### GIVEN ENTRIES

════════

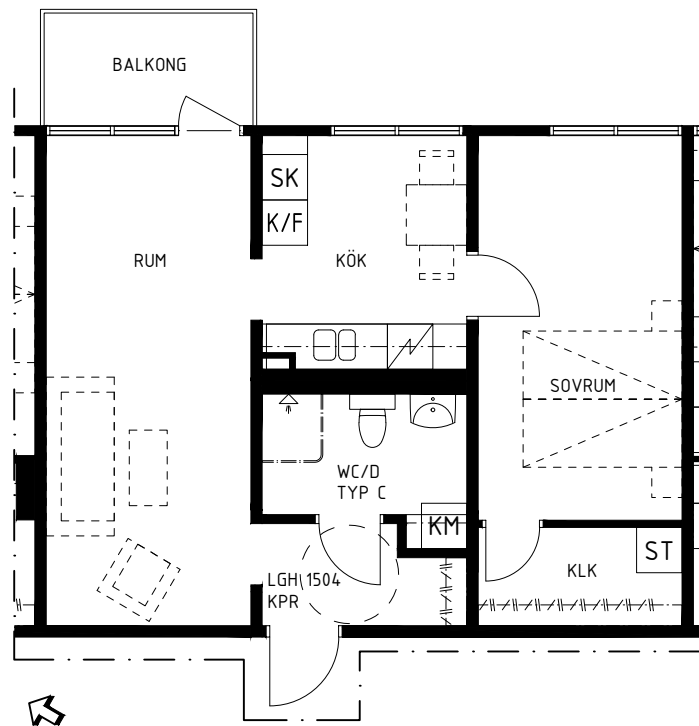

## Förklaringar

DM	Diskmaskin
G/H	Garderob/skåp
L	Linneskåp
ST	Städsåp
F	Frys
K	Kyl
TM	Tvättmaskin
TT	Torktumlare

## Orientering

2 R.o.K 54,3 m<sup>2</sup>  
Lgh 1504
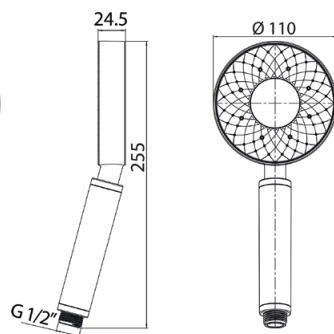

UNO-12 (BK2)
Dušisegisti seinale kinnitav | N200661

UNO-12 (BK2) (K)
Dušisegisti, seinale kinnitav
dušikomplektiga | N20D661

DUŠIPROGRAMM

150 cm, PVC (360°) Con/Con, Black
 Polüvinüülkloriidist dušivoolik, must, 150 cm, Con/Con |
 600064B
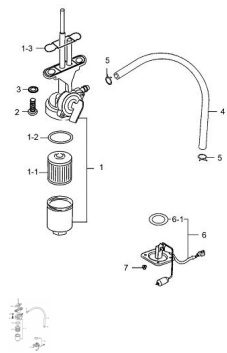

GRUPO ROBINETE

Calificación Sin calificación

Precio

Modificador de variación de precio

Precio base con impuestos

Precio con descuento

Precio de venta con descuento

Precio de venta

Precio de venta sin impuestos

Descuento

Cantidad de impuesto

[Haga una pregunta del producto](#)

Descripción	Ref.	Título	Código
		FILTRO DE	103-44300
		SENSOR DE COMBUSTIBLE	103-34810
	1	FILTRO DE	103-44300
	2	TORNILLO	103-9128
	3	JUNTA TORNILLO	103-9168
	4		103-9355

════════

### ACTIVITY
Which lines in the records above contain the string "TORNILLO"? Copy them.

### PROBLEM SOLUTION
	2	TORNILLO	103-9128
	3	JUNTA TORNILLO	103-9168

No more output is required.